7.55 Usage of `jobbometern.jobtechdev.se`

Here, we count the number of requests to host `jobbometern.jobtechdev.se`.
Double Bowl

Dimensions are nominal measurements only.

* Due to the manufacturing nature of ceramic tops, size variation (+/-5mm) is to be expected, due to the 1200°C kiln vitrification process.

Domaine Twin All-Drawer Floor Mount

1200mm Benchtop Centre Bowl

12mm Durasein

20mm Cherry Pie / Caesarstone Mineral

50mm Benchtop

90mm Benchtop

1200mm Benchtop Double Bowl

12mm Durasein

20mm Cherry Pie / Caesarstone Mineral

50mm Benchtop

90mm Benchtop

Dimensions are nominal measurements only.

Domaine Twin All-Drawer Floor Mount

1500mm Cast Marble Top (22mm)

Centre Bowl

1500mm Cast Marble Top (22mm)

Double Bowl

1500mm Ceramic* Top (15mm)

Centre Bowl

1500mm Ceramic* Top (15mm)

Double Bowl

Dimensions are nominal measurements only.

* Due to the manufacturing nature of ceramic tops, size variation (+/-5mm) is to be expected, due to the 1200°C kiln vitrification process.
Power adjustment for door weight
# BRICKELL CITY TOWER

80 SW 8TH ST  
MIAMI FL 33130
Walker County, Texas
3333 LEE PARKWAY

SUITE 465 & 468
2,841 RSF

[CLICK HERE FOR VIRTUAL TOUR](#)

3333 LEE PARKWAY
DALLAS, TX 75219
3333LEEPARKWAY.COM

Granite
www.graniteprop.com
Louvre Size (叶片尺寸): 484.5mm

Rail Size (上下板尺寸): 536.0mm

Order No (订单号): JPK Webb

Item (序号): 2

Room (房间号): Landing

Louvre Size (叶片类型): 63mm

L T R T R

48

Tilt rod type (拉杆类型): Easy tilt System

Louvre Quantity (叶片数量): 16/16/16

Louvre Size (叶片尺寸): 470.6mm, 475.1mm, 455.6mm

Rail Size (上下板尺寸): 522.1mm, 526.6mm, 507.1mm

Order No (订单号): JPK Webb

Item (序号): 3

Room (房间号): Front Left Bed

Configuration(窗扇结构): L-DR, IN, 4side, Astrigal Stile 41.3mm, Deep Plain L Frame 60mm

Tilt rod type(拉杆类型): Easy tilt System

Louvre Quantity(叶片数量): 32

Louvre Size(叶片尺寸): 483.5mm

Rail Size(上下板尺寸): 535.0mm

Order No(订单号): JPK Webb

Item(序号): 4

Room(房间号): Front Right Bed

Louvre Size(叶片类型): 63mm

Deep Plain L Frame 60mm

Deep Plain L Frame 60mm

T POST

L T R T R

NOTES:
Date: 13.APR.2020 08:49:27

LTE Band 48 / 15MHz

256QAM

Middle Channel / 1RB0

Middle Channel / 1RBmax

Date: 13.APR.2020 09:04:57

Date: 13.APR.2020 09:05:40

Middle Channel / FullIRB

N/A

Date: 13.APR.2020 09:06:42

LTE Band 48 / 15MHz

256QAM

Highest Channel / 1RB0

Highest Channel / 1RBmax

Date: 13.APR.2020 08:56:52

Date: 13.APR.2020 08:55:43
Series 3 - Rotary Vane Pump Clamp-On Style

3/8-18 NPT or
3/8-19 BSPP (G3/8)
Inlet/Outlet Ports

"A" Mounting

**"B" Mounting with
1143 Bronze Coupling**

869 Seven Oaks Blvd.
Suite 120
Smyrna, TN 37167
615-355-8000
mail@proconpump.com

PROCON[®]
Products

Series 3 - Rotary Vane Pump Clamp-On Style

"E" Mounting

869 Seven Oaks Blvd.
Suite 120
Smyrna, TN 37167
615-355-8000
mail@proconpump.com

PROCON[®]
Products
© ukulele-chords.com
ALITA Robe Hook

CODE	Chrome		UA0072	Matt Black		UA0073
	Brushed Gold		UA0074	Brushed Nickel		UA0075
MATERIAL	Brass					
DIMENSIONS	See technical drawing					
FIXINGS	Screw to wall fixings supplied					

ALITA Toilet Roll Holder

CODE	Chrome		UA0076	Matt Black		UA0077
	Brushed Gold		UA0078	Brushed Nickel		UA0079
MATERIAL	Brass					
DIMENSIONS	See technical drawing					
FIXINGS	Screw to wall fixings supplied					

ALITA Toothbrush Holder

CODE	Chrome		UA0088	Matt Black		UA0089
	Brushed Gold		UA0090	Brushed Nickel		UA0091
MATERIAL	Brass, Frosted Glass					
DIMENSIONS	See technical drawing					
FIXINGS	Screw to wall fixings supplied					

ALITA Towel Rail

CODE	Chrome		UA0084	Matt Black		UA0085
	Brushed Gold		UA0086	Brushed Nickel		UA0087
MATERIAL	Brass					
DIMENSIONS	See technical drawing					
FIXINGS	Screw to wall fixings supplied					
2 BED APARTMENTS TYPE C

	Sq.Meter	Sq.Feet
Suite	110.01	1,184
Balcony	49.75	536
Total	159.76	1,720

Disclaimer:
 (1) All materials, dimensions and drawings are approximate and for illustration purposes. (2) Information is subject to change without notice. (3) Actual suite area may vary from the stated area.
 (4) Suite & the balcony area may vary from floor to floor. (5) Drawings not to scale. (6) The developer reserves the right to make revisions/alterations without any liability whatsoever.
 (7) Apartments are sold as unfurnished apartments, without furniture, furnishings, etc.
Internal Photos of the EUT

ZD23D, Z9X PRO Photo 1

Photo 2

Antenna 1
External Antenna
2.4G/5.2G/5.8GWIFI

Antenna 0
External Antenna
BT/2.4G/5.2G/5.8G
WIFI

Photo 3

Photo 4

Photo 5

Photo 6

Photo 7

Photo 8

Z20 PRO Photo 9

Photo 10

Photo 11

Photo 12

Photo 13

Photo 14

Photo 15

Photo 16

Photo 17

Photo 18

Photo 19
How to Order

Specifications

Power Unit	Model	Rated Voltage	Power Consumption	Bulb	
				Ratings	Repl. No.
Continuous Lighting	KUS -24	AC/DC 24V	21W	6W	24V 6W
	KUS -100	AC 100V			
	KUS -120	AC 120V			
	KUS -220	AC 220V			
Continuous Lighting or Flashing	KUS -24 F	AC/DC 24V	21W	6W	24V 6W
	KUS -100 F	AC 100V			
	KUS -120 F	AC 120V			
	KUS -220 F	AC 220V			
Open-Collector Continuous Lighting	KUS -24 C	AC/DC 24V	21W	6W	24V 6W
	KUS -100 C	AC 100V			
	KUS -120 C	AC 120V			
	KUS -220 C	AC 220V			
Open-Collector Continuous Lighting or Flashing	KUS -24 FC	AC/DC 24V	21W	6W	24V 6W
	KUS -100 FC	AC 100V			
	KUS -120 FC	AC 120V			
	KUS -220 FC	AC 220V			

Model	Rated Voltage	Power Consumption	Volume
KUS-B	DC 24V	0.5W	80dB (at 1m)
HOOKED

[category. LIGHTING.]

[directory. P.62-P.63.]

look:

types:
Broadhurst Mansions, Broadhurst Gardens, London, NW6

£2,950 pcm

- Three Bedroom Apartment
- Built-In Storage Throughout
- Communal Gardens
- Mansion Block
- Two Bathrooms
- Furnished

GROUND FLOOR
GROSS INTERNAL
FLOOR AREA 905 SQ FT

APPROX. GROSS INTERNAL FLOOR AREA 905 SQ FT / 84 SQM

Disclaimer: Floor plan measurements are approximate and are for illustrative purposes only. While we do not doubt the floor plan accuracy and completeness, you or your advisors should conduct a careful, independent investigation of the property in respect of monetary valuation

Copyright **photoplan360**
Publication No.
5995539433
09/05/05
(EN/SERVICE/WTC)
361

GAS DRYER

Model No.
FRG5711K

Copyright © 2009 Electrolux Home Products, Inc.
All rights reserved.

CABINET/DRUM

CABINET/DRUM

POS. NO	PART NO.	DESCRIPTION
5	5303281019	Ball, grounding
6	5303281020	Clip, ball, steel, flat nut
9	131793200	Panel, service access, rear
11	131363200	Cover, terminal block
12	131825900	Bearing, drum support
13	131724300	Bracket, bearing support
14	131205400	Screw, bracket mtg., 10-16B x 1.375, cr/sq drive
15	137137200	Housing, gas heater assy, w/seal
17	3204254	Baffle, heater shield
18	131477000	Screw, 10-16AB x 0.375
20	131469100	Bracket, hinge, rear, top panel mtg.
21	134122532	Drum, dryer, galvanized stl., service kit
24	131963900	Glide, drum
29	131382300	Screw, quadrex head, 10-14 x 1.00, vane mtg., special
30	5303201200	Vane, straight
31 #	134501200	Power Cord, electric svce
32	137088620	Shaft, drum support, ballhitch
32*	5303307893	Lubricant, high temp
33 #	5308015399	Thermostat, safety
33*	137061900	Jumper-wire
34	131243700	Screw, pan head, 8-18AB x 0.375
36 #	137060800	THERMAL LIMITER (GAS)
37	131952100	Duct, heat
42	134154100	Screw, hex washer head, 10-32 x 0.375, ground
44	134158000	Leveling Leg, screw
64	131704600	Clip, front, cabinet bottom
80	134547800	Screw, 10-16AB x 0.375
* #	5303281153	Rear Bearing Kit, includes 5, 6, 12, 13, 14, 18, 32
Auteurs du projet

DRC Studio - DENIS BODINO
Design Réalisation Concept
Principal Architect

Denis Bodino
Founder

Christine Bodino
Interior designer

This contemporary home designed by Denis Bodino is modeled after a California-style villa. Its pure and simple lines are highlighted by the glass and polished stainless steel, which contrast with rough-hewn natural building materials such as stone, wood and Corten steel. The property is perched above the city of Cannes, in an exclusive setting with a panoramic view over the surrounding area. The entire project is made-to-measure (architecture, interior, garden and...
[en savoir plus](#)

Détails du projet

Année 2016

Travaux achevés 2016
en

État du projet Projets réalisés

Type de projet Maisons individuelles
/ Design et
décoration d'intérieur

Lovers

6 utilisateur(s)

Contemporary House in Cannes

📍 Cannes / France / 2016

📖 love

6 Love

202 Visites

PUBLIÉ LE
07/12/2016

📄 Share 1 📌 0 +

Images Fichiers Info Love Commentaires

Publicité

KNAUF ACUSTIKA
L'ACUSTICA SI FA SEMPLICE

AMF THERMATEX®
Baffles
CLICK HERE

*Work instructions*
Among the lines above, repeat exactly those from the line with "Specifications" to the line with "APPROX. GROSS INTERNAL", counting both ends.

*Result of the exercise*
Specifications

Power Unit	Model	Rated Voltage	Power Consumption	Bulb	
				Ratings	Repl. No.
Continuous Lighting	KUS -24	AC/DC 24V	21W	6W	24V 6W
	KUS -100	AC 100V			
	KUS -120	AC 120V			
	KUS -220	AC 220V			
Continuous Lighting or Flashing	KUS -24 F	AC/DC 24V	21W	6W	24V 6W
	KUS -100 F	AC 100V			
	KUS -120 F	AC 120V			
	KUS -220 F	AC 220V			
Open-Collector Continuous Lighting	KUS -24 C	AC/DC 24V	21W	6W	24V 6W
	KUS -100 C	AC 100V			
	KUS -120 C	AC 120V			
	KUS -220 C	AC 220V			
Open-Collector Continuous Lighting or Flashing	KUS -24 FC	AC/DC 24V	21W	6W	24V 6W
	KUS -100 FC	AC 100V			
	KUS -120 FC	AC 120V			
	KUS -220 FC	AC 220V			

Model	Rated Voltage	Power Consumption	Volume
KUS-B	DC 24V	0.5W	80dB (at 1m)
HOOKED

[category. LIGHTING.]

[directory. P.62-P.63.]

look:

types:
Broadhurst Mansions, Broadhurst Gardens, London, NW6

£2,950 pcm

- Three Bedroom Apartment
- Built-In Storage Throughout
- Communal Gardens
- Mansion Block
- Two Bathrooms
- Furnished

GROUND FLOOR
GROSS INTERNAL
FLOOR AREA 905 SQ FT

APPROX. GROSS INTERNAL FLOOR AREA 905 SQ FT / 84 SQM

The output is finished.